Some students, though, have chosen to take advantage of the CSA’s option for remaining abroad. Cade Fink ’21, who is also in a direct enrollment program at the University of Otago, plans to stay. 

“I’d rather get stuck in New Zealand where it probably won’t get to the level of mass panic or anything like that as the States,” Fink wrote in a message to The Mac Weekly. “I trust [New Zealand] more than I do the US to flatten the curve and get this over with quickly and humanely.”

Out of the six Macalester students enrolled at the University of Otago this semester, Fink is the only one planning on staying. 

Morrison wrote in his email that the CSA would keep in touch with students like Fink who have chosen to remain abroad.
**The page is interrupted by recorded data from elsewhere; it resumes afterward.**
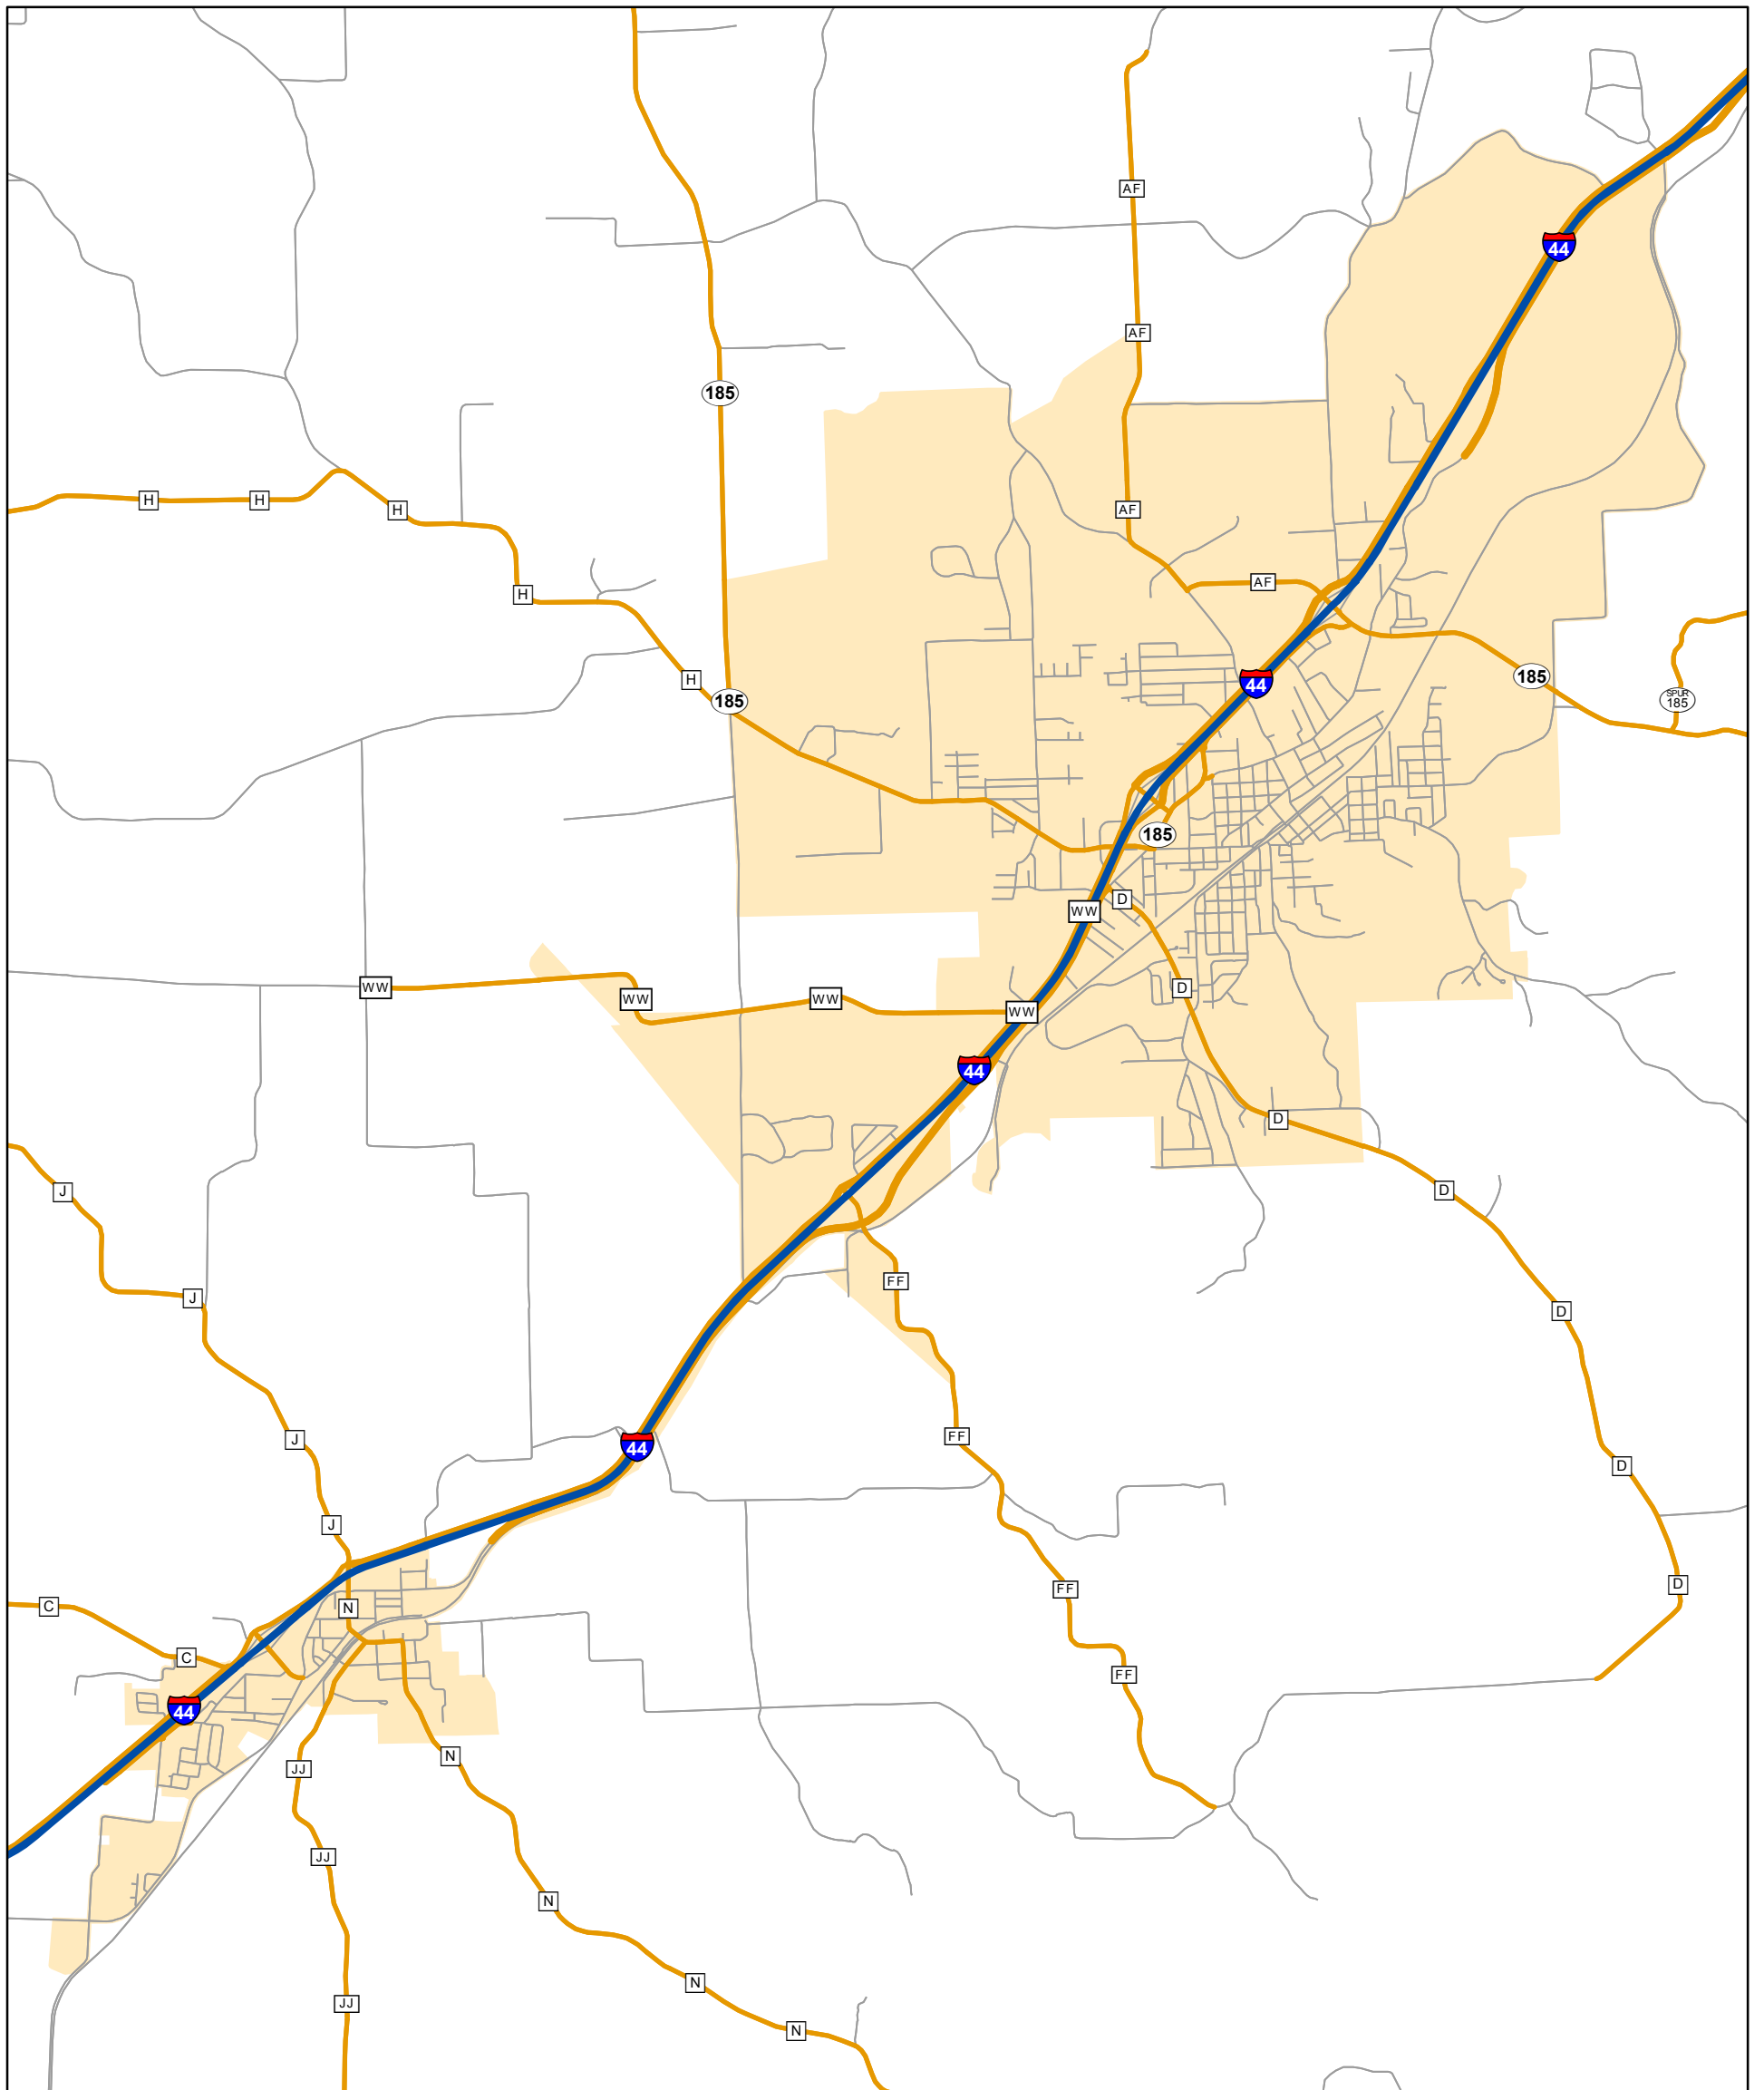

State System Urban Area

SULLIVAN

State System Class	Miles
Interstate	10.599
Primary	0
Supplementary	33.88
State Marked - NOS	
Other Roads	
Urban Area	
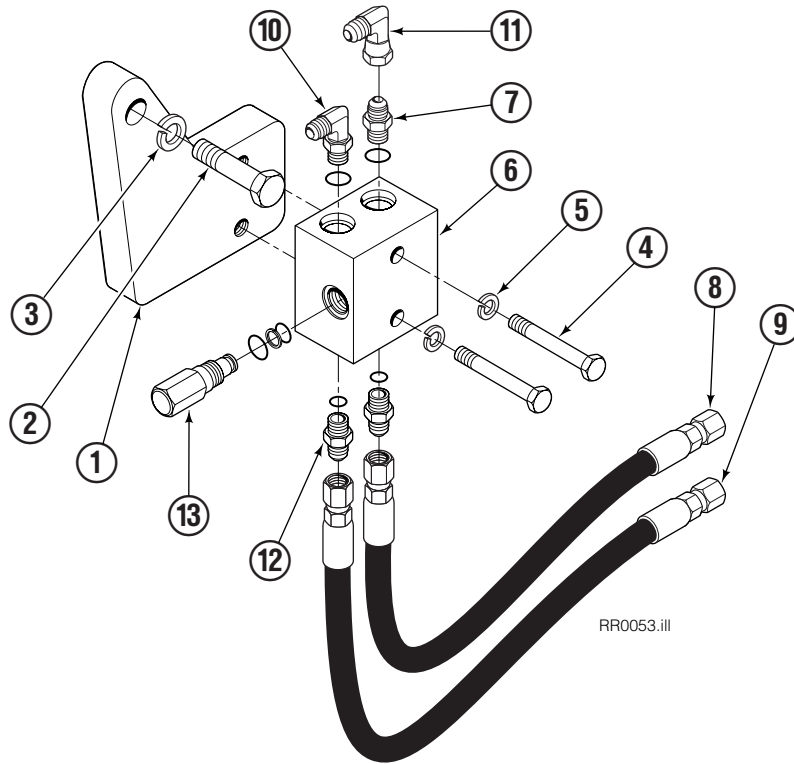

■ See Revolving Connection page for parts breakdown.

▲ See Cylinder page for parts breakdown.

● See Restrictor Cartridge page for parts breakdown.

Reference: SK-5659.

Cylinder

50D			
REF	QTY	PART NO.	DESCRIPTION
		667666	Cylinder Assembly
1	2	6511	Cotter Pin ■
2	2	667667	Nut Retainer ■
3	2	667668	Nut ■
4	1	553760	Shell
5	1	602580	Fitting
6	1	558402	Piston
7	1	2722	O-Ring ▲
8	1	557376	Seal ▲
9	1	2791	O-Ring ▲
10	1	615134	Back-Up Ring ▲
11	1	667675	Retainer
12	1	662451	Seal ▲
13	1	638246	Nylon Ring ▲
14	1	564930	Wiper ▲
15	1	561012	Nut
16	1	667670	Rod
17	1	667676	Washer
18	1	—	Spacer
19	1	667609	Restrictor Cartridge ●
20	1	671049	Seal Loader, Piston ▲
21	1	671052	Seal Loader, Retainer ▲
		667723	Service Kit

- ▲ Included in Service Kit 667723.
 - Included in Nut Service Kit 668925.
 - Not included in Cylinder Assembly.
- Reference: S-7666.

Revolving Connection

35D/50D			
REF	QTY	PART NO.	DESCRIPTION
		686420	Revolving Connection
1	2	768795	Capscrew, M8 x 1,25 x 30 x 8.8
2	1	686421	End Block
3	2	604511	Fitting, 6-6
4	1	687237	Service Kit
5	1	686422	Shaft
6	5	663694	Fitting, 3
7	1	686423	Body
8	2	667516	Check Valve Service Kit
9	2	678376	Check Valve
10	2	604510	Fitting, 6

Restrictor Cartridge

REF	QTY	PART NO.	DESCRIPTION
		667609	Restrictor Cartridge
1	1	2701	O-Ring
2	1	667611	Plunger
3	1	2841	O-Ring
4	1	667610	Plug - Special
5	1	5716	Jam Nut

Valve Group

REF	QTY	PART NO.	DESCRIPTION
		689952	Valve Group
		679888	Valve Assembly (Items 6 & 13)
1	1	679934	Plate
2	1	645636	Capscrew
3	1	6290	Lockwasher
4	2	643519	Capscrew
5	2	6287	Lockwasher
6	1	679889	Valve Body
7	1	601377	Fitting, 8-8
8	1	206479	Hose
9	1	210351	Hose
10	1	601250	Fitting, 8-8
11	1	605761	Fitting, 8-8
12	2	611288	Fitting, 6-8
13	1	679890	Relief Valve

Those who need to suddenly return have raised questions of whether Macalester can help with the costs of booking last-minute flights. 

“While Macalester is not able to reimburse ticket purchases, we are working with the Office of Financial Aid to see if financial aid awards can be adjusted to account for this unexpected expense,” Morrison wrote in an email to all students studying away on March 23. 

Duane Nguyen ’21 asked the CSA for financial aid for his almost $2,000 tickets to return to the U.S. from the University of Glasgow in Scotland two weeks ago. Though he said Morrison forwarded his receipt for the ticket to the financial aid office, he hadn’t heard any more information about it as of Tuesday night. 

Nguyen helped draft an MCSG resolution for a student relief fund, which the Legislative Body passed at its Tuesday night meeting. 

The CSA is still working on creating a system for financial aid. In the March 23 email, CSA staff told students to watch for more information in the coming days. 

For now, as more and more countries and U.S. states lock down under stay-at-home orders, the option for students to stay at host sites remains open. 

“I don’t foresee us changing that stance, though one thing I’ve learned in the past few weeks, is that anything is possible, so I won’t rule anything out,” Morrison wrote.